**WORK REQUEST**: From the listing that follows, report the number of lines with the word "AUSSPARURNG" in them, and no other output.
'''
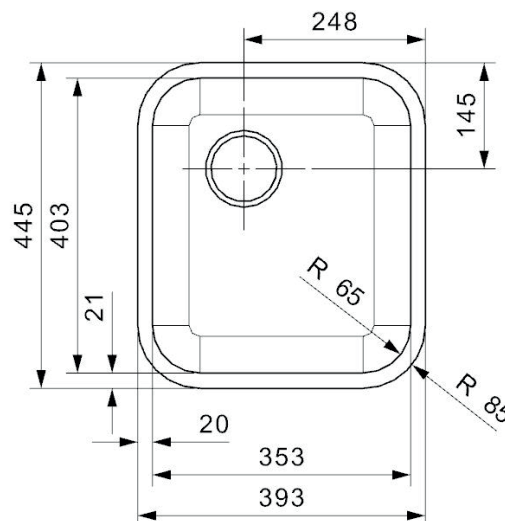

L18 4035 OKG WORX vask

Udskæringsmål

Varenr.: R03305
VVS-nr.: 681298100

Godstykkelse: 1,0 mm
Min. skabsbredde: 500 mm

Fikseringsclips til nedfældning medfølger

LAVABO®

UDSKÆRINGSMÅL Nedfældning
AUSSPARURNG Einbau
CUTOUT Normal instalation

UDSKÆRINGSMÅL Planlimning
AUSSPARURNG Flächenbündig
CUTOUT Flush mount
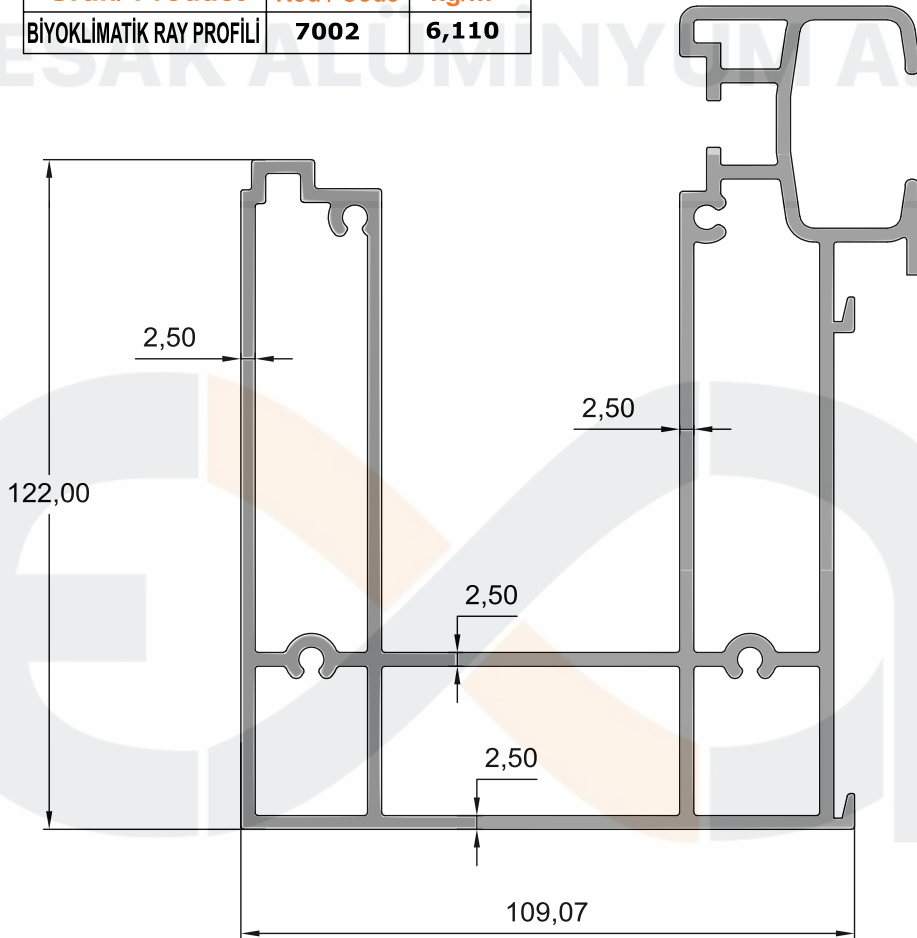

ESAK BİYOKLİMATİK SERİSİ - 7000
ESAK BIOCLIMATIC SERIES

Ürün/ Product	Kod / Code	kg/m
PANEL(LAMEL) PROFİLİ	7001	3,0280

Ürün/ Product	Kod / Code	kg/m
BİYOKLİMATİK RAY PROFİLİ	7002	6,110

ESAK ALÜMİNYUM A.Ş

Ürün/ Product	Kod / Code	kg/m
RAY YAN KAPAMA	7004	0,6400

Ürün/ Product	Kod / Code	kg/m
OLUK KAPAMA LED	7005	0,8540

ESAK ALÜMİNYUM A.Ş

Ürün/ Product	Kod / Code	kg/m
DUVAR ASKI PROFİLİ	7007	3,436

Ürün/ Product	Kod / Code	kg/m
DİKME PROFİLİ	7008	3,9150

Ürün/ Product	Kod / Code	kg/m
YANOLUK PROFİLİ	7012	2,018

7008
Kod / Code

7009
Kod / Code

7004
Kod / Code

7013
Kod / Code

7012
Kod / Code

7002
Kod / Code

7007
Kod / Code
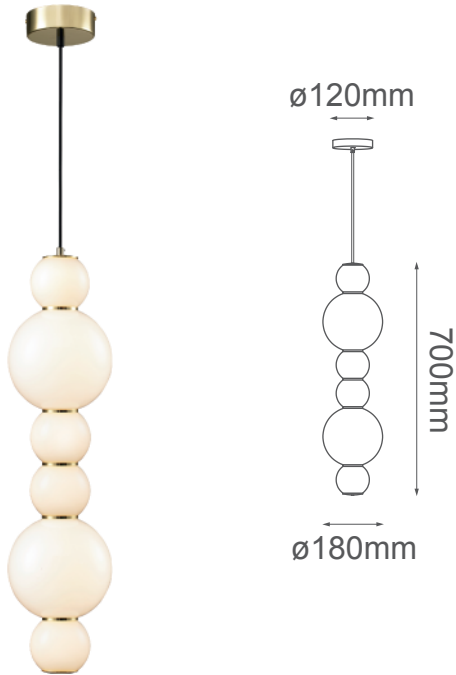

MODELO Q10346-GD - LED 12W

Descripción:

Modelo: Q10346-GD

Acabado: Oro

Material: Metal + cristal

Base: LEDs integrados

Watts: 12W

Temperatura de color: WW 3000K (Luz cálida)

Flujo luminoso: 960 lm

Voltaje: 90-130V

Altura ajustable: cable de 3m

Peso: 2.2kg

Caja: 3.4kg, L81*W31*H31cm

Opciones Disponibles:

Q10346-GD - Oro
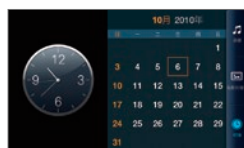

## 時尚擺飾

GALAXY Tab內建Digital Frame程式，提供多款桌上型時鐘以及日曆設定，還可直接播放音樂和照片，擺在家中儼然是一款時尚的多媒體數位相框。

1 點選「Digital Frame」圖示即會自動進入時鐘介面，如要更換樣式，按下Menu鍵可選擇「時鐘風格」。

2 總共提供四種時鐘風格，挑選喜歡的再按下「確定」按鈕即可替換樣式。

3 如要變更功能，只要輕觸螢幕下方（橫向時則為右側）便能喚出功能表，包括有：時鐘、投影片放映和Music等三個選項，同樣點選就可切換。
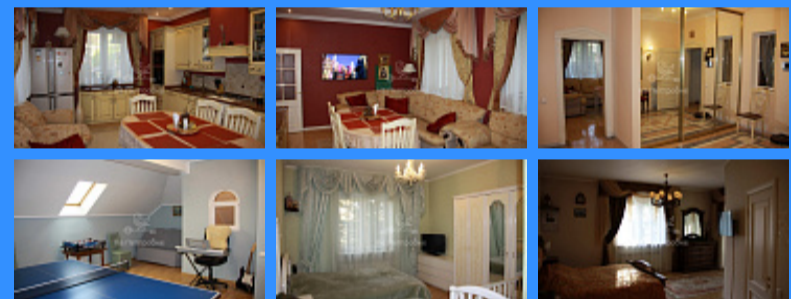

	21284
	3
	430 м2
	15.5 сот.

Адрес: город Москва, поселение Марушкинское, деревня Власово, улица Мирная, дом 3

Id 21284. Охраняемый, элитный коттеджный посёлок на 12 домов. Основной дом 410.7 (430) кв.м + дом для персонала 45 кв.м. Участок правильной формы в лучшей центральной части посёлка. 15,5 соток с ландшафтным дизайном с роботизированной стрижкой газона (hi-end), на участке 2 дома, летний навес с качелями мангалами и пр... 1-ый этаж: веранда, гараж на 2 авто, фойе, кухня, зал, баня, бассейн, зимний сад, санузел, душевая, вспомогательные помещения (итп, помещение для управления бассейном, кладовая) 2-ой этаж: 4-и спальни. 2-а санузла с душевыми и ванными. 3-ий этаж: библиотека, теннисный зал (пинг-понг). Описание внутренней отделки: Классический итальянский стиль (плитка versace, стен пастельные тона, мебель mobil degi, bezechery, hi-end кинотеатр). Вода артезианская скважина. Рядом расположен грибной лес, в 500 метрах — супермаркет «Перекресток» развлекательный центр "Александрова Club" (рестораны, платная рыбалка, детские праздники, конные прогулки, мини-зоопарк, лазертаг, школы танцев и т.д.), в 5 мин. езды в Апрелевке - новая школа с бассейном, спорткомплекс, торговые центры. До ж/д станции «Крекшино» 7 мин. пешком. Газовое отопление, водоснабжение, городская канализация, интернет, спутниковое телевидение. Все коммуникации подключены. Торг возможен, Асфальтированная дорога во всем посёлке до участка. Культурные соседи. Имеется робот косилка которая следит за газонами этого участка автоматически Лучшее предложение по данному коттеджному посёлку. Самый чистый район города Москвы. Более подробная информация по телефону. Звоните. Московская прописка, ТОРГ уместен.
'''
**THE ANSWER**: 2